**WHAT TO DO**
Transcribe every entry verbatim; omit pictures.

(Stored dataset items)
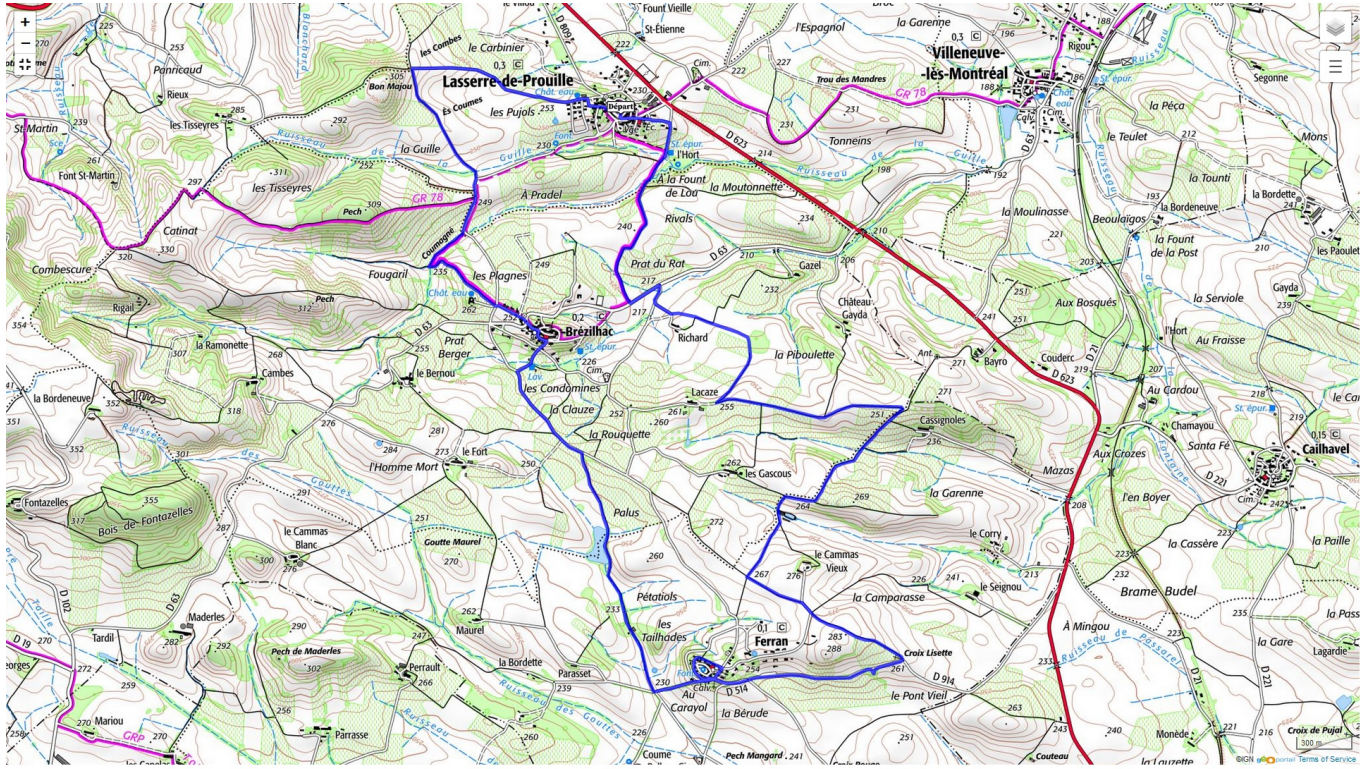

11-Chemin des Pibouls le 28/01/2024

Ci-dessous les principales caractéristiques topographiques de la randonnée.

	Départ	Nom		Trajet
	Lasserre de Prouille	Chemins des Pibouls		1h00
	Rando	Dénivelé	Alt	IBP
	13 km	243 m	283 m	40

Télécharger le fichier [GPX](#) pour visualisation par un logiciel de randonnée.

[Télécharger](#) la carte de la randonnée. >

V
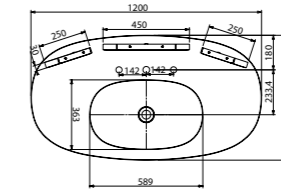

EB1522 Тройное зеркало
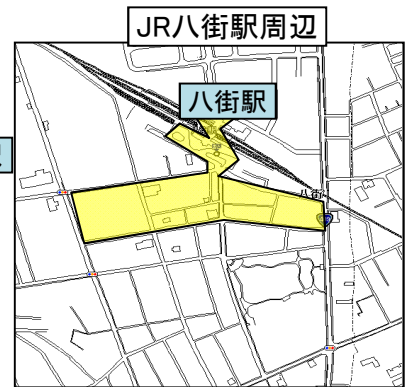

重点地域

◎最重点地域

地域	重点時間帯
JR佐倉駅周辺	9:00~0:00
京成臼井駅周辺	9:00~0:00
京成志津駅周辺	9:00~0:00

◎重点地域

地域	重点時間帯
京成臼井駅周辺	9:00~0:00
京成ユーカリが丘駅周辺	9:00~0:00
京成佐倉駅北口及び南口周辺	9:00~0:00
京成及びJR酒々井駅周辺	9:00~0:00
JR八街駅周辺	9:00~0:00

千葉県佐倉警察署

佐倉警察署管内の駐車監視員活動ガイドライン

重点路線  最重点地域 
重点地域

**EXERCISE SOLUTION**
11-Chemin des Pibouls le 28/01/2024

Ci-dessous les principales caractéristiques topographiques de la randonnée.

	Départ	Nom		Trajet
	Lasserre de Prouille	Chemins des Pibouls		1h00
	Rando	Dénivelé	Alt	IBP
	13 km	243 m	283 m	40

Télécharger le fichier [GPX](#) pour visualisation par un logiciel de randonnée.

[Télécharger](#) la carte de la randonnée. >

V

EB1522 Тройное зеркало

重点地域

◎最重点地域

地域	重点時間帯
JR佐倉駅周辺	9:00~0:00
京成臼井駅周辺	9:00~0:00
京成志津駅周辺	9:00~0:00

◎重点地域

地域	重点時間帯
京成臼井駅周辺	9:00~0:00
京成ユーカリが丘駅周辺	9:00~0:00
京成佐倉駅北口及び南口周辺	9:00~0:00
京成及びJR酒々井駅周辺	9:00~0:00
JR八街駅周辺	9:00~0:00

千葉県佐倉警察署

佐倉警察署管内の駐車監視員活動ガイドライン

重点路線  最重点地域 
重点地域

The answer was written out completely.